Provide again, from the entries below, every line from the one containing "## Detector de" through the one containing "- Imunitate la", exactly as written, and no other line.

Dataset records:

====

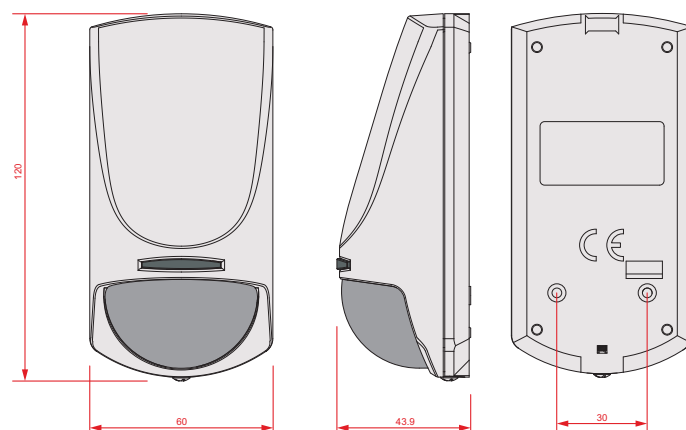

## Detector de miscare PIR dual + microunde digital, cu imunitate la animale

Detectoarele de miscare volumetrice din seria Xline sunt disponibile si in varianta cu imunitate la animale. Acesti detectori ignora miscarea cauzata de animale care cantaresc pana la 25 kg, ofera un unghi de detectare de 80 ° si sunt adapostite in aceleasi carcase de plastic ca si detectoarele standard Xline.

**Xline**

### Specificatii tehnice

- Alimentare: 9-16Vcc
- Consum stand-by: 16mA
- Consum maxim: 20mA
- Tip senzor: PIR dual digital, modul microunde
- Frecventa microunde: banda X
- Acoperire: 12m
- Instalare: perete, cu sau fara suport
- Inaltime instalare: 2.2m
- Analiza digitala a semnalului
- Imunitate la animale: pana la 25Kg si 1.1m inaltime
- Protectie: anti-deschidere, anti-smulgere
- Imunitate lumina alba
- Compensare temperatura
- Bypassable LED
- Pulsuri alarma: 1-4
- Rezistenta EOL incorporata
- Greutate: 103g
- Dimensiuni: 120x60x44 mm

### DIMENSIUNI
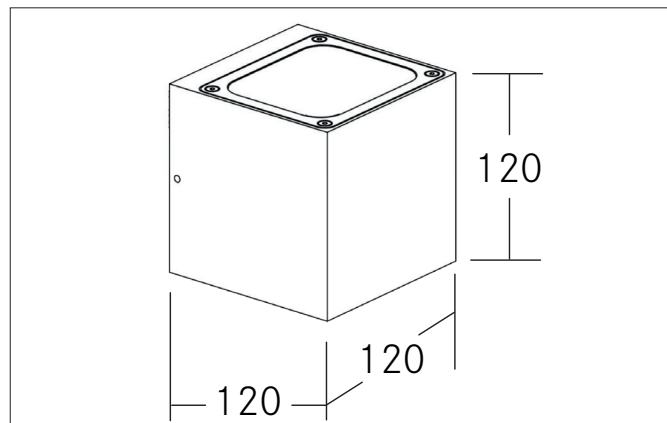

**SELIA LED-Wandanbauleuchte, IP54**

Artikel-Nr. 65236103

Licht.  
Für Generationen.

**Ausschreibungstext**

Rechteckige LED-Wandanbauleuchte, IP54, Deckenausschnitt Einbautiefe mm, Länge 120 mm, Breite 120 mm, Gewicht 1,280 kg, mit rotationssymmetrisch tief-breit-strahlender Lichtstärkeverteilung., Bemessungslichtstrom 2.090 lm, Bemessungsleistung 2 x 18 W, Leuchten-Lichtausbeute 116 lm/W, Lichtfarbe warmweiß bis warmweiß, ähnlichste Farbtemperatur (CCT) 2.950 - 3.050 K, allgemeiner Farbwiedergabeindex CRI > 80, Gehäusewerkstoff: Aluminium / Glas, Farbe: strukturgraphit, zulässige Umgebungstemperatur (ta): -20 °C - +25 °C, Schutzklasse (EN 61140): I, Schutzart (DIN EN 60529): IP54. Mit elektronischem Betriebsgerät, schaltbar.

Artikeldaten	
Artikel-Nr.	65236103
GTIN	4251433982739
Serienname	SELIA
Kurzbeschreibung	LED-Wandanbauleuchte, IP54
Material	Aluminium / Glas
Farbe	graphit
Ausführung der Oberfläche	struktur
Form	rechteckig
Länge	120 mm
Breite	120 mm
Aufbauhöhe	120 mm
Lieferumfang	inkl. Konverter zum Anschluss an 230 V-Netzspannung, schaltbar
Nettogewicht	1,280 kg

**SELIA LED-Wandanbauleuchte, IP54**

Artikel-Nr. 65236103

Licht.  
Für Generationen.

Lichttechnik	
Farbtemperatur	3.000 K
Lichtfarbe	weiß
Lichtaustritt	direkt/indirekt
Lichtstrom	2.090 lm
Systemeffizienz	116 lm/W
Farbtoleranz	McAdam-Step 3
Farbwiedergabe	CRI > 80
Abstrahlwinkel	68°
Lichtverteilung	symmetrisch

====

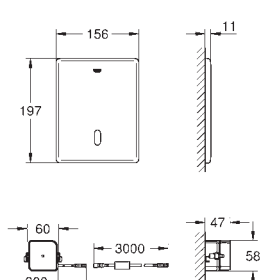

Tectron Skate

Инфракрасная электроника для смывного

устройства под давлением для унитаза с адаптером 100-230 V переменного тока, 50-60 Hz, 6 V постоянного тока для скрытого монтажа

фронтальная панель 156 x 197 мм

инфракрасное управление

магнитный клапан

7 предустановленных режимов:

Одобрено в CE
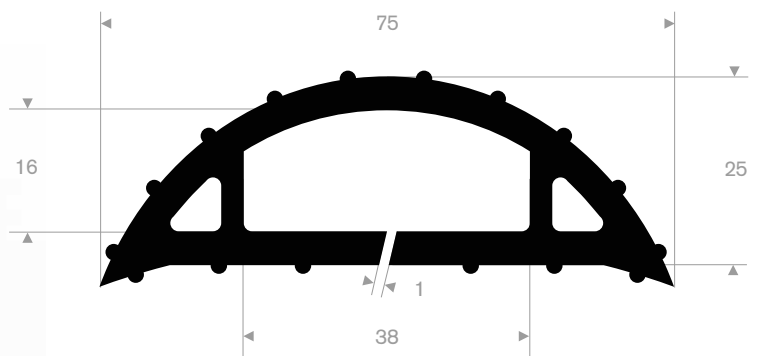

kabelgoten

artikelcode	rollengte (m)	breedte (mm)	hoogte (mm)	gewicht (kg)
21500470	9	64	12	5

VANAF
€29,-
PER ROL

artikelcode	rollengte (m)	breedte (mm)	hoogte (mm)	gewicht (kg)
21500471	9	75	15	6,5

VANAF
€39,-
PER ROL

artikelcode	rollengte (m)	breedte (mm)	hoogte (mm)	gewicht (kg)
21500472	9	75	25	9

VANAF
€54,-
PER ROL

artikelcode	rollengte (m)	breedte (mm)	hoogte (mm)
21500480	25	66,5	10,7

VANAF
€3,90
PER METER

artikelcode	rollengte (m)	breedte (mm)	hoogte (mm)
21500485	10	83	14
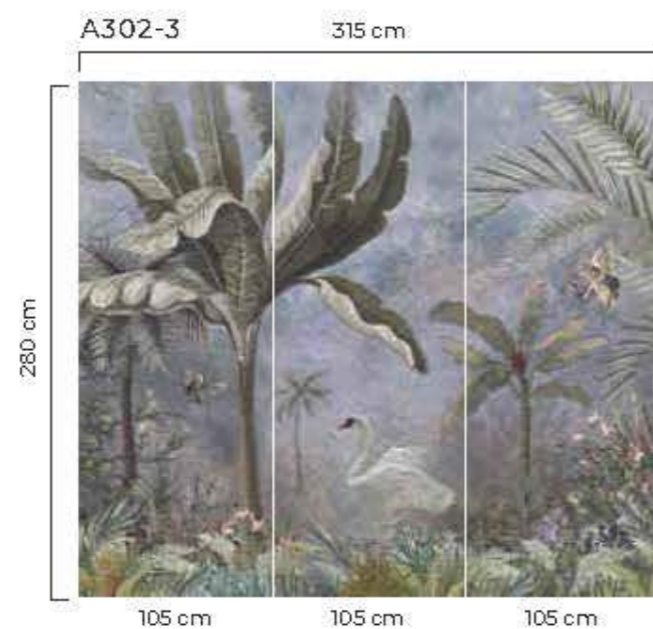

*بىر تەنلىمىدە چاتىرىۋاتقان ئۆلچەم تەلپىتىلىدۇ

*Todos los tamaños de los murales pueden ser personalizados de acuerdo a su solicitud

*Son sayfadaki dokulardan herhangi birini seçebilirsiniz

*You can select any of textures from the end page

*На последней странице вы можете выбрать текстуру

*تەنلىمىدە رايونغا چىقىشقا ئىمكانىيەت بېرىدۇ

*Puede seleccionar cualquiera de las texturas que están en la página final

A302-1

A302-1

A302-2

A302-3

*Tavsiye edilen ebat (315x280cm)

====

• **Completed task**
## Detector de miscare PIR dual + microunde digital, cu imunitate la animale

Detectoarele de miscare volumetrice din seria Xline sunt disponibile si in varianta cu imunitate la animale. Acesti detectori ignora miscarea cauzata de animale care cantaresc pana la 25 kg, ofera un unghi de detectare de 80 ° si sunt adapostite in aceleasi carcase de plastic ca si detectoarele standard Xline.

**Xline**

### Specificatii tehnice

- Alimentare: 9-16Vcc
- Consum stand-by: 16mA
- Consum maxim: 20mA
- Tip senzor: PIR dual digital, modul microunde
- Frecventa microunde: banda X
- Acoperire: 12m
- Instalare: perete, cu sau fara suport
- Inaltime instalare: 2.2m
- Analiza digitala a semnalului
- Imunitate la animale: pana la 25Kg si 1.1m inaltime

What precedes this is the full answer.